The Pentium M, like all of Intel's modern day microprocessors, decodes regular x86 instructions into smaller micro-ops that are the actual operations sent down the pipeline for execution. Micro Ops Fusion takes certain micro-ops and "fuses" them together so that they are sent down the pipeline together and are either executed in parallel or serially without being reordered (or separated from one another). Micro Ops Fusion can only apply to certain types of instructions, which Intel has not officially disclosed.

The benefits of Micro Ops Fusion are multi-faceted; first, you have the obvious performance improvements, but alongside them, you also have reduced power consumption, thanks to not wasting any cycles waiting for dependent micro ops to retire before working on others.

Dedicated Stack Manager

Banias' dedicated stack manager is another power saving tool integrated into the Banias architecture that is designed to manage stack pointers and other stack-related data. Remember that stacks are used to store information about the current state of the CPU, including data that cannot be kept in registers due to limits in the number of available registers; thus, a dedicated manager can help performance considerably. As usual, whenever efficiency is improved, power consumption is optimized, which is the case with Banias here as well.

High Performance Branch Predictor

Banias' branch predictor reduced mispredicted branches by around 20% when compared to the Pentium III (when running SPEC CPU 2000 tests, but the improvements are very real world).
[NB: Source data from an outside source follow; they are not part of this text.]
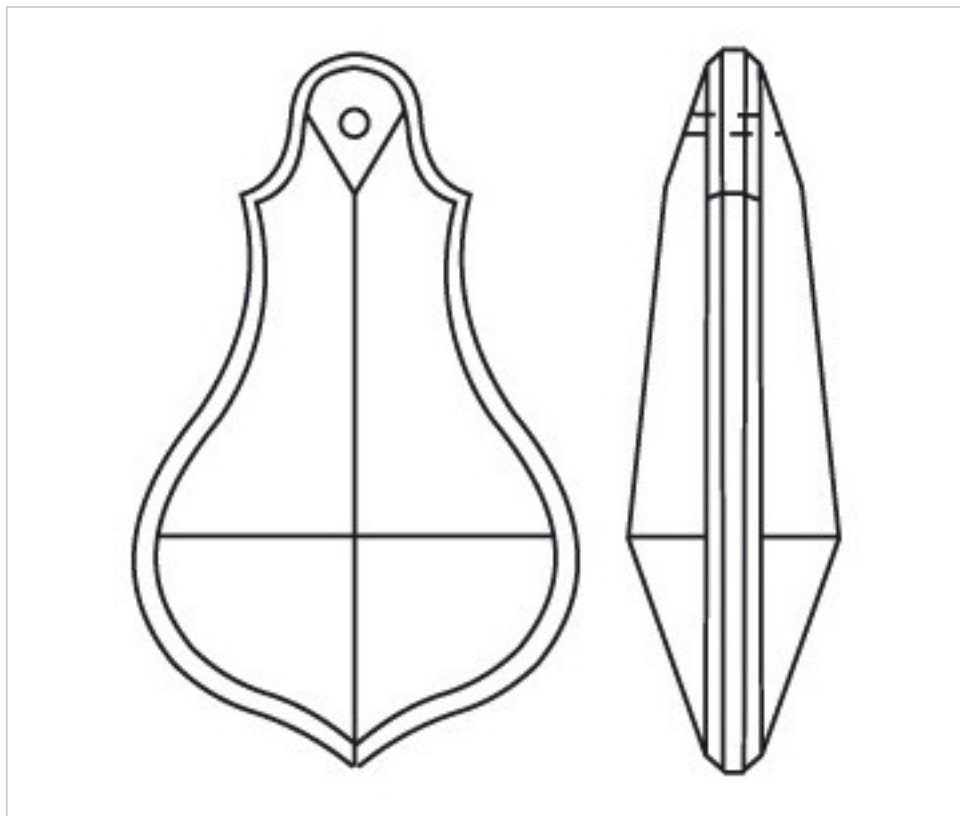

CRYSTAL FOR LAMPS > Scholer Crystal Austria > Schöler Basic Line  
Plain Pendeloques

D91387T

Plaque 4138/76x44mm Topaz

November 04th, 2024, 20:27

**PRICE**

	Lot	P.V.P. excluding VAT
	1	9,57€
	10	6,38€
	40	5,56€

Continued on next page >>

CRYSTAL FOR LAMPS > Scholer Crystal Austria > Schöler Basic Line  
Plain Pendeloques

D91387T

Plaque 4138/76x44mm Topaz

## OTHER FEATURES

---

Length (mm): 76

Width (mm): 44

Colour: Topaz

The improvements are thanks to a larger branch history table (for storing data used to predict branches) and better handling of branching in loops, the latter of which is improved in Dothan.

Pentium 4 FSB, Pentium III Execution Units

The execution back end of Banias is identical to that of the Pentium III, making the Pentium M a relatively narrow microprocessor when compared to AMD's Athlon 64 and Intel's Pentium 4. Given the low power target for Banias, this decision makes a lot of sense as it reduces power consumption and die size; but keep in mind that the lack of extreme width in the pipeline means that technologies like Hyper Threading will be kept away from the Pentium M. Instead, we can look forward to having multi-core Pentium M designs, which is made somewhat easier to implement, thanks to a relatively small die.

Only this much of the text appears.